===== DATA SUPPLIED

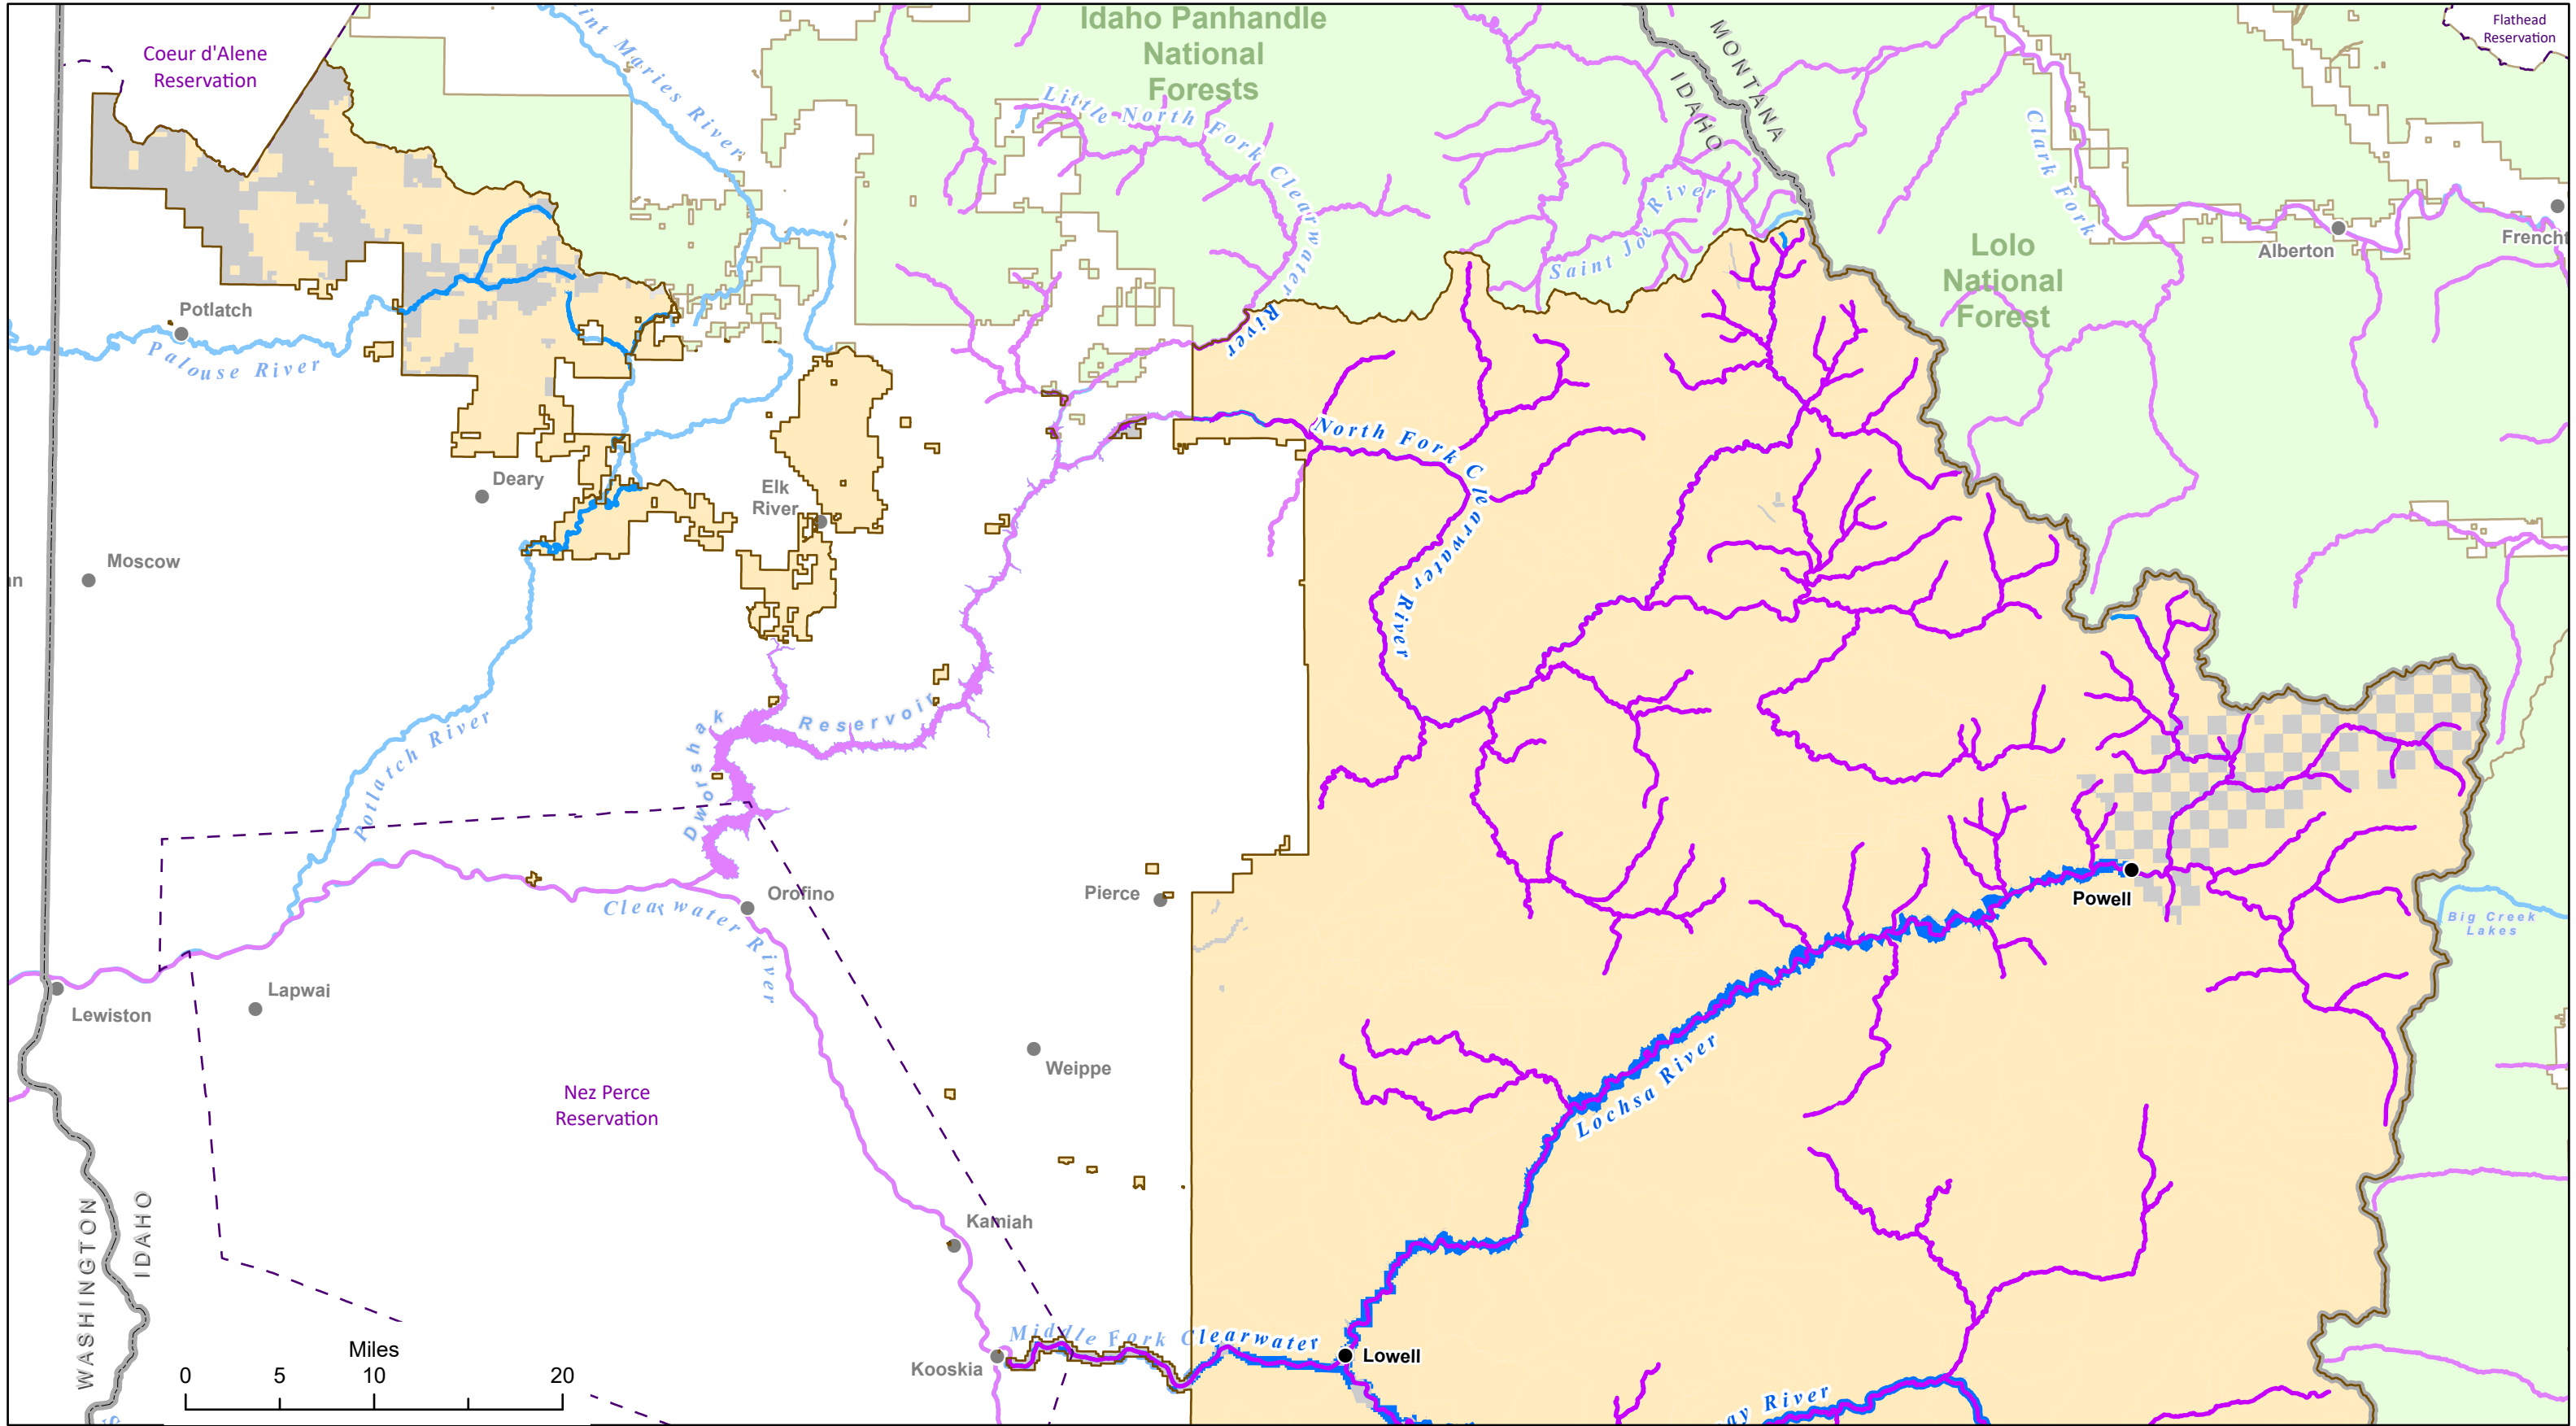

Bull Trout Critical Habitat

Nez Perce-Clearwater National Forests
2023 Land Management Plan
Northern Portion of the Forests

— NPC Administrative Forest Boundary

● Designated Wild and Scenic River Lands

○ Non Wild and Scenic River Lands

- - - Tribal Reservation Boundary

■ Non NPC Forest Lands

■ Other National Forests

~ Bull Trout Critical Stream Habitat

● Bull Trout Critical Lake Habitat

Bull Trout Critical Habitat

Nez Perce-Clearwater National Forests
2023 Land Management Plan
Southern Portion of the Forests

- NPC Administrative Forest Boundary
- Designated Wild and Scenic River Lands
- Non Wild and Scenic River Lands

- Tribal Reservation Boundary
- Non NPC Forest Lands
- Other National Forests

- Bull Trout Critical Stream Habitat
- Bull Trout Critical Lake Habitat

==========

**INSTRUCTIONS FOR THE TASK:** Leaving the pictures aside, write out the entries above exactly.

**TASK ANSWER:**
Bull Trout Critical Habitat

Nez Perce-Clearwater National Forests
2023 Land Management Plan
Northern Portion of the Forests

— NPC Administrative Forest Boundary

● Designated Wild and Scenic River Lands

○ Non Wild and Scenic River Lands

- - - Tribal Reservation Boundary

■ Non NPC Forest Lands

■ Other National Forests

~ Bull Trout Critical Stream Habitat

● Bull Trout Critical Lake Habitat

Bull Trout Critical Habitat

Nez Perce-Clearwater National Forests
2023 Land Management Plan
Southern Portion of the Forests

- NPC Administrative Forest Boundary
- Designated Wild and Scenic River Lands
- Non Wild and Scenic River Lands

- Tribal Reservation Boundary
- Non NPC Forest Lands
- Other National Forests

- Bull Trout Critical Stream Habitat
- Bull Trout Critical Lake Habitat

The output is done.